La Habana se alista ante un posible escenario de confrontación armada con Washington mientras la isla enfrenta su peor crisis energética

La Habana se alista ante un posible escenario de confrontación armada con Washington mientras la isla enfrenta su peor crisis energética

En medio de un contexto de máxima tensión, el gobierno cubano confirmó que sus fuerzas armadas se encuentran en estado de alerta ante “la posibilidad de una agresión militar” por parte de Estados Unidos, al tiempo que las autoridades luchan por recuperar el servicio eléctrico tras un nuevo colapso generalizado que mantiene al país en vilo.

En una escalada retórica que sacude los cimientos de la ya frágil relación bilateral, la máxima autoridad diplomática de la isla dejó entrever la profunda preocupación que atraviesa al gobierno ante lo que consideran una amenaza inminente proveniente del norte. Durante una entrevista concedida a una cadena de televisión estadounidense y difundida en la jornada dominical, el vicecanciller Carlos Fernández de Cossio expuso con crudeza la postura defensiva del régimen castrista, afirmando que el aparato militar se halla en permanente disposición para responder a una eventual acción bélica. “Nuestro ejército siempre está listo. De hecho, en estos días se alista ante la contingencia de una ofensiva militar. Confiamos sinceramente en que no llegue a materializarse”, declaró el funcionario, cuyas palabras resonaron con fuerza tanto en los círculos políticos locales como en las cancillerías extranjeras.

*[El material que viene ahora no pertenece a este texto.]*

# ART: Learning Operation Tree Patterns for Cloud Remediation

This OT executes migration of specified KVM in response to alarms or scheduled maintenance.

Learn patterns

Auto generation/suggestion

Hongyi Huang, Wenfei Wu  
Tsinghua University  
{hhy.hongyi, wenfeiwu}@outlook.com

El alto cargo intentó matizar la gravedad del momento al recordar que la isla no mantiene ningún diferendo abierto con la administración estadounidense, aunque subrayó que el derecho a la autodefensa resulta innegociable para un país que ha hecho de la resistencia un pilar de su identidad nacional. Fernández de Cossio dejó abierta una puerta al diálogo al manifestar la disposición del gobierno a sentarse en una mesa de negociaciones, un guiño que muchos analistas interpretaron como un intento por descomprimir la creciente hostilidad sin renunciar al discurso de firmeza que caracteriza al régimen. Sin embargo, el contexto en el que surgen estas declaraciones no podría ser más adverso para la mayor de las Antillas.

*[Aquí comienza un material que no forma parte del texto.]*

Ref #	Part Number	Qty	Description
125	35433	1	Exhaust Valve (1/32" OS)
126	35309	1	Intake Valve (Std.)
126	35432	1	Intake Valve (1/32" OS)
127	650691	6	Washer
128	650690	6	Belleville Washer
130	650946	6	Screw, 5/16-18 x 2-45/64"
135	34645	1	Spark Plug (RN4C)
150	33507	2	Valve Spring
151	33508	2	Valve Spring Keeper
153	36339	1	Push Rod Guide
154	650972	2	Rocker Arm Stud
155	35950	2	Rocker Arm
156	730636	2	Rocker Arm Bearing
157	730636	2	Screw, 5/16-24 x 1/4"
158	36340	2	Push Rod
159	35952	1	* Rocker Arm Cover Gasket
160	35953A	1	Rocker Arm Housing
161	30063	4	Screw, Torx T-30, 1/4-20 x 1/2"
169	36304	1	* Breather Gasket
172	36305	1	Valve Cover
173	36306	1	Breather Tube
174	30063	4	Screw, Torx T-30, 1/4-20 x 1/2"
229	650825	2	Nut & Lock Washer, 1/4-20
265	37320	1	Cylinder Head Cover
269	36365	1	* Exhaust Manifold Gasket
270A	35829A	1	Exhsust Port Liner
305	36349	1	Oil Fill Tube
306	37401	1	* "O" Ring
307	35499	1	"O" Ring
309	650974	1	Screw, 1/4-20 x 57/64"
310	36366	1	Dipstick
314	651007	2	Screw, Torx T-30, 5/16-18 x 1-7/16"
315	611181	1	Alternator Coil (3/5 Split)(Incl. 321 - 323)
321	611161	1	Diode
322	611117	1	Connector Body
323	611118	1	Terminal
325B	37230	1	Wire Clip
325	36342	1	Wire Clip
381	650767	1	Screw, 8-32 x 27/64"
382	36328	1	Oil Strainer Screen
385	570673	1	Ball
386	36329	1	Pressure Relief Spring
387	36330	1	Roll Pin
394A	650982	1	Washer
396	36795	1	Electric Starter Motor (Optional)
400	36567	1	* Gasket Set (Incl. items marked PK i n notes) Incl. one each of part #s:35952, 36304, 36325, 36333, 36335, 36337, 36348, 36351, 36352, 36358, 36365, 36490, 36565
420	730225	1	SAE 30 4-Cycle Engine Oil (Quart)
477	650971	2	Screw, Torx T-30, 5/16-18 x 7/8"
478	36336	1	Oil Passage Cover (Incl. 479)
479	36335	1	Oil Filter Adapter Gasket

Mientras las tensiones geopolíticas alcanzan un punto de ebullición, la realidad cotidiana de los cubanos refleja un panorama desolador. A lo largo del mismo domingo en que se conocieron las apremiantes declaraciones del vicecanciller, los esfuerzos de las autoridades se concentraban en una tarea hercúlea: restablecer la fluidez del sistema electroenergético nacional tras haber sufrido el segundo colapso total de la red en menos de siete días. Este nuevo apagón, que sumió a los más de once millones de habitantes en una oscuridad sofocante, puso en evidencia la extrema vulnerabilidad de una infraestructura que se desmorona bajo el peso de décadas de desinversión y falta de mantenimiento.

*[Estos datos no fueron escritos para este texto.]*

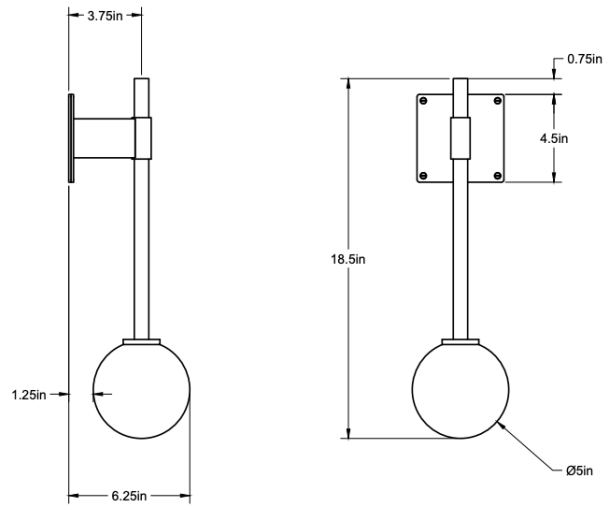

CO/ONY

ALLIED MAKER Bastion Sconce Long

Standard Materials:

Brass and Glass

Dimensions: 6.25"L x 5"W x 18.5"H

Lead Time: 12-14 weeks

Weight: 4.5 lbs

Metal Finishes:

Available in all standard metal finishes

Glass Finishes:

Opal and Matte White

Brightness: 545 Lumens

Lamping:

G8 Bi-Pin Base

Type T Lamps

Bulb Included (120V USA):

Emery Allen 5W G8 Bulb

Bulb Included (240V EU):

Emery Allen 5W G8 240V Bulb

Mounting: Universal

Dimming: LED+

*Please inquire for detailed electrical specs.
cUL Damp Locations certified.*
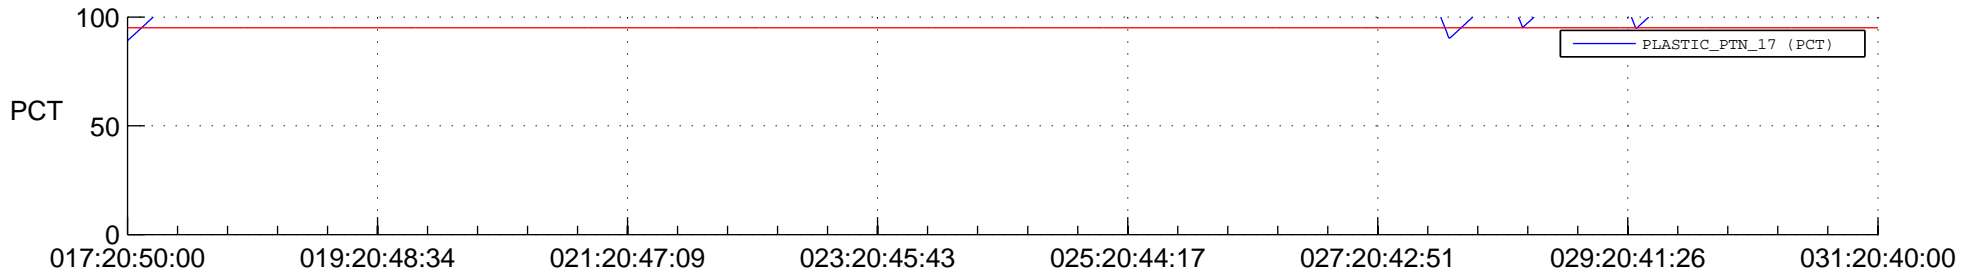

STEREO AHEAD SSR PCT Full Prediction

SWAVES_Percent_Full_Prediction

IMPACT_Percent_Full_Prediction

PLASTIC_Percent_Full_Prediction

Spacecraft_DownLink_Rate
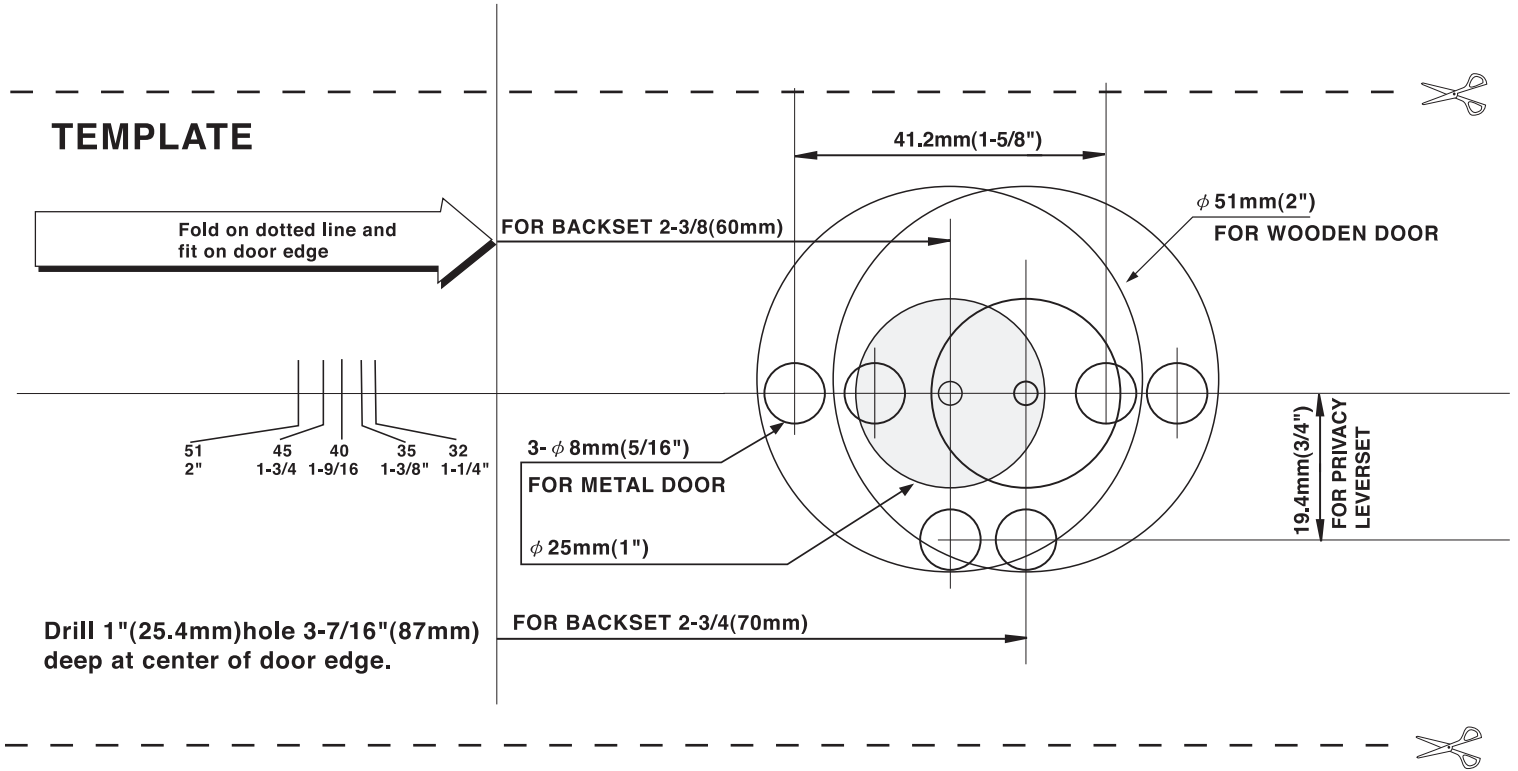

# New Door Install Template

## Model No. PAKL-01

Cut below template image and use it for new door installation

Security Hardware:  
Touchpad, Infrared Remote,  
Mechanical Door Locks

[www.ca-tec.com](http://www.ca-tec.com)

We make your life easy and safe

Los expertos coinciden en que la crisis del sector eléctrico no responde a una única causa, sino a la confluencia de múltiples factores que han llevado al límite a las termoeléctricas del país. Por un lado, la obsolescencia de los equipos —muchos de ellos instalados hace más de medio siglo— provoca fallos en cadena que las cuadrillas de técnicos apenas logran contener. Por otro, la administración cubana señala con insistencia al endurecimiento del bloqueo comercial impuesto por Estados Unidos como un factor determinante, ya que las severas restricciones dificultan la adquisición de combustibles en el mercado internacional, impidiendo que las plantas generadoras operen a plena capacidad.

En este escenario de fragilidad extrema, la advertencia sobre una posible agresión externa adquiere una dimensión particularmente delicada. La coincidencia de una crisis humanitaria y energética de magnitudes críticas con un clima de confrontación verbal nunca antes visto en los últimos años dibuja un horizonte incierto para la nación caribeña. Mientras en los cuarteles se perfeccionan los protocolos de defensa y en los hogares la población enfrenta jornadas interminables sin electricidad, la comunidad internacional observa con cautela cómo dos viejos antagonistas parecen asomarse nuevamente al borde del precipicio. La oferta de diálogo lanzada desde La Habana flota en el aire como un salvavidas, aunque nadie sabe aún si del otro lado del estrecho habrá quien decida tomarlo.